As has also been previously reported regarding the New Jersey qui tam action, the United States and various
states have been considering whether to intervene in the suit, but none has done so to date. The Company has at all
times cooperated with these investigations, and has engaged in settlement discussions with the purpose of resolving
all Medicaid related AWP claims by the states and federal government. The pace and progress of settlement
discussions accelerated during and after the third quarter of 2011. Except as previously reported with respect to the
States of Connecticut, Oklahoma and Montana, the Company has not reached agreement relating to those claims.
As previously reported, during the third quarter of 2009, the Company recorded a pre-tax charge of $143
million to establish a reserve for estimated probable losses related to pending and expected AWP claims by public
payer entities. As of March 31, 2009 and 2010, the reserve relating to AWP public entity claims was $143 million.
The Company recorded an additional pre-tax charge of $24 million for the settlement with the State of Connecticut
during the second quarter of 2011. In November 2010, a cash payment of $26 million was made for this settlement.
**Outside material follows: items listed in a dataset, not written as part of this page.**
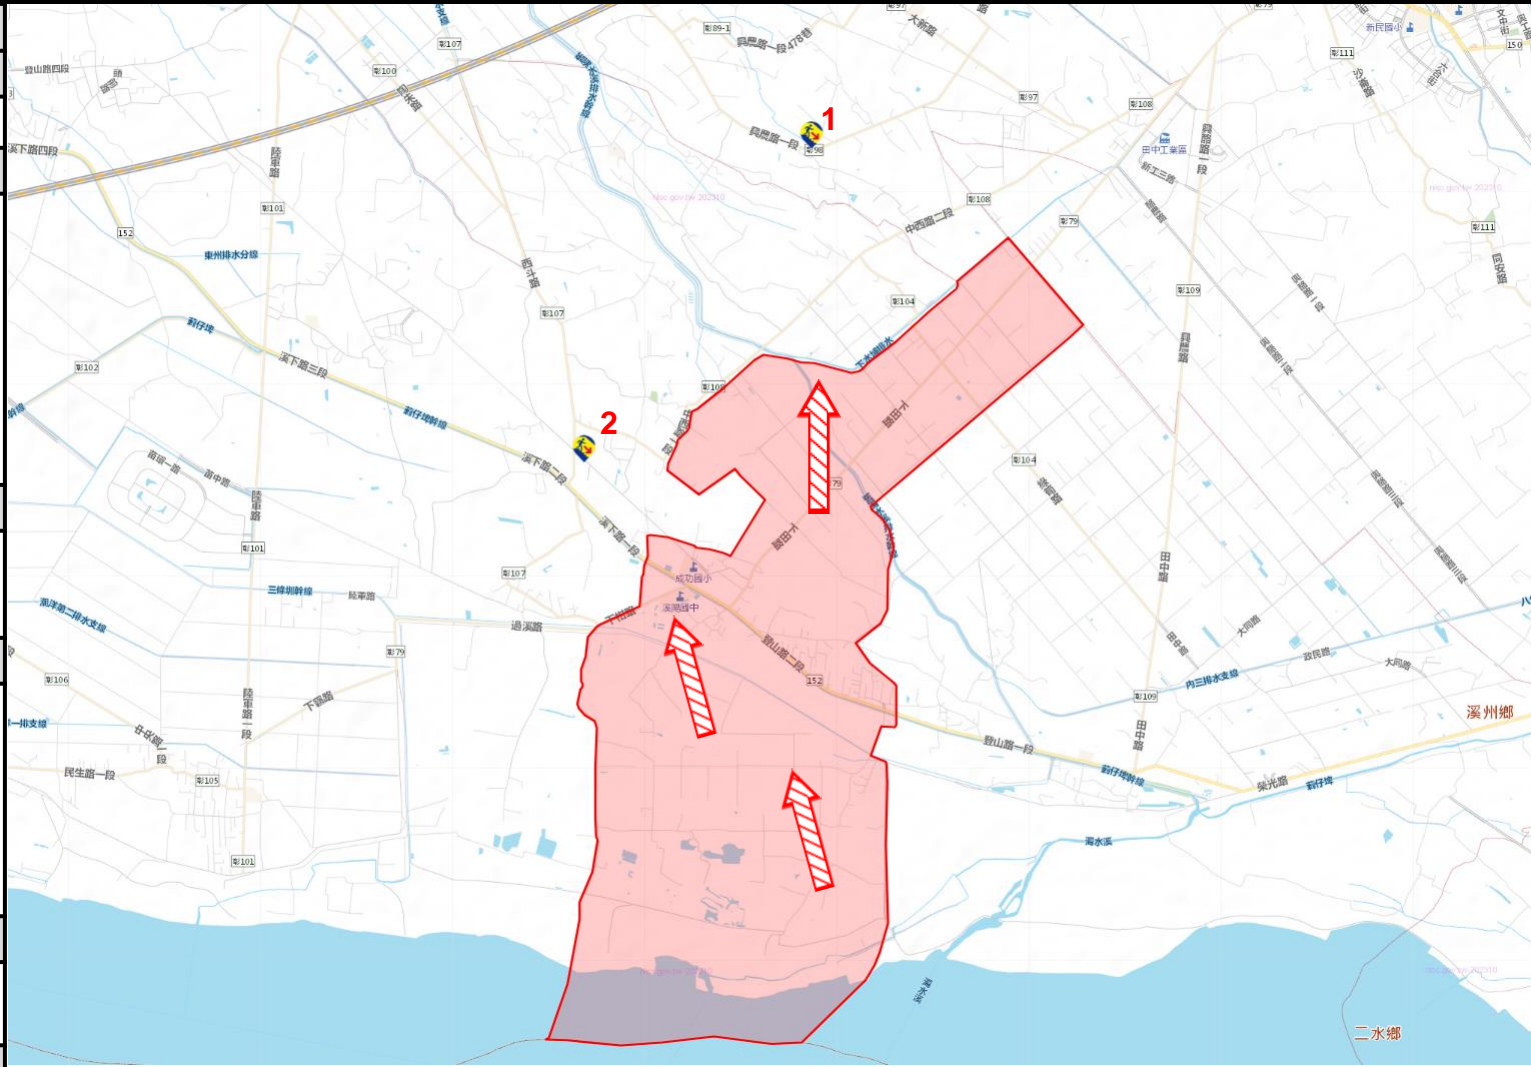

*彰化縣溪州鄉公所

<https://town.chcg.gov.tw/hsichou/00home/index01.aspx>

避難原則

立即進入附近防空避難場所避難

避難收容處所

1. 北斗鎮新生里興農路1段293號
2. 溪州鄉西畔村登山路3段135號

圖例

道路	標示			行政區域
國道	建議疏散避難方向	政府機關	醫療院所	村(里)界線
快速道路		警察機關	福利機構	
省道	避難收容處所	119 消防機關	連鎖便利商店	圖資來源： 內政部國土測繪中心
縣(市)道		學校機關		
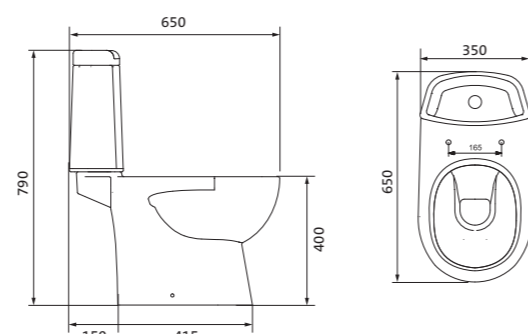

Унитаз-компакт Остин

	габариты, мм			тип монтажа
	длина	высота	ширина	
Унитаз-компакт Остин	650	790	350	скрытый

Артикул	Комплектация
1.WH30.2.419	1.WH30.2.427 чаша унитаза Остин 1.WH30.2.428 бачок Остин 1.WH30.1.852 комплект крепления к полу
	1.WH30.2.486 двухрежимная арматура 1.WH30.2.485 тонкое дюропластовое сиденье с функцией мягкого закрывания и быстрого снятия
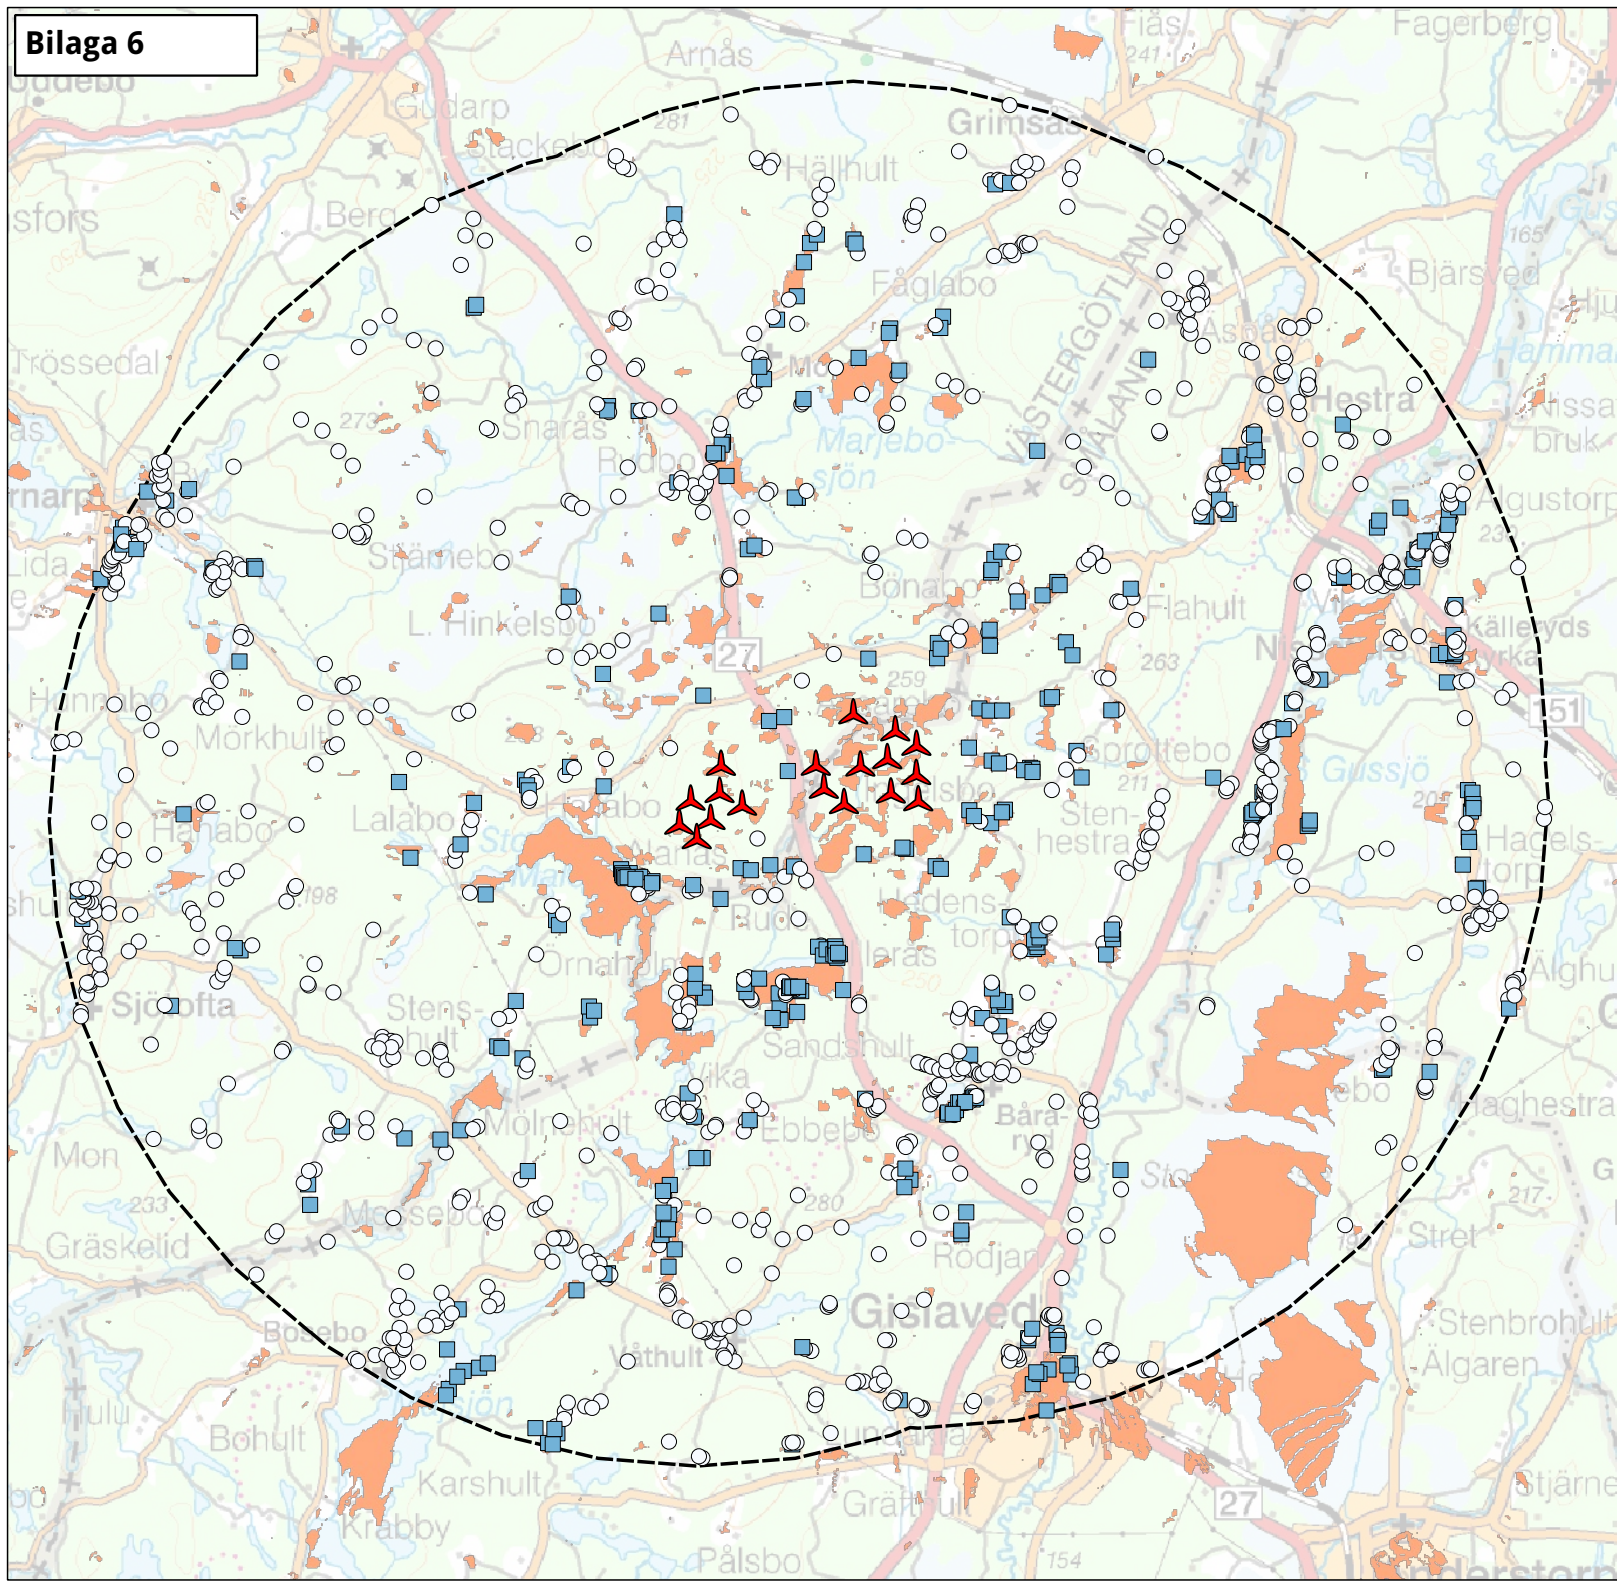

Bilaga 6

Grönhult
Hus inom ett avstånd av 10km som har teoretisk möjlighet att se medelintensiva hindermarkeringar placerade på vindkraftverk med 105m navhöjd.
333 av 1326 hus

Teckenförklaring

Möjlighet att se hindermarkering

- Nej
- Ja
- Möjlighet att se hindermarkering
- ▲ Vindkraftverk
- ⊖ 10km från vindkraftverk

2013-10-29 MJ
174_vattenfall_gronhult

0 1 2 3 4 5 km

Following the Company's most recent review of the reserve for estimated probable losses from current and possible
future public entity AWP claims, which review included consideration of the pace and progress of the above
described settlement discussions during and after the third quarter relating to state and federal Medicaid claims, the
Company recorded a pre-tax charge of $189 million within its Distribution Solutions segment's operating expenses
during the third quarter of 2011. As of March 31, 2011, the reserve relating to AWP public entity claims was $330
million and was included in other current liabilities in the consolidated balance sheet. However, in view of the
number of outstanding cases and expected future claims, and the uncertainties of the timing and outcome of this type
of litigation, it is possible that the ultimate costs of these matters may exceed or be less than the reserve.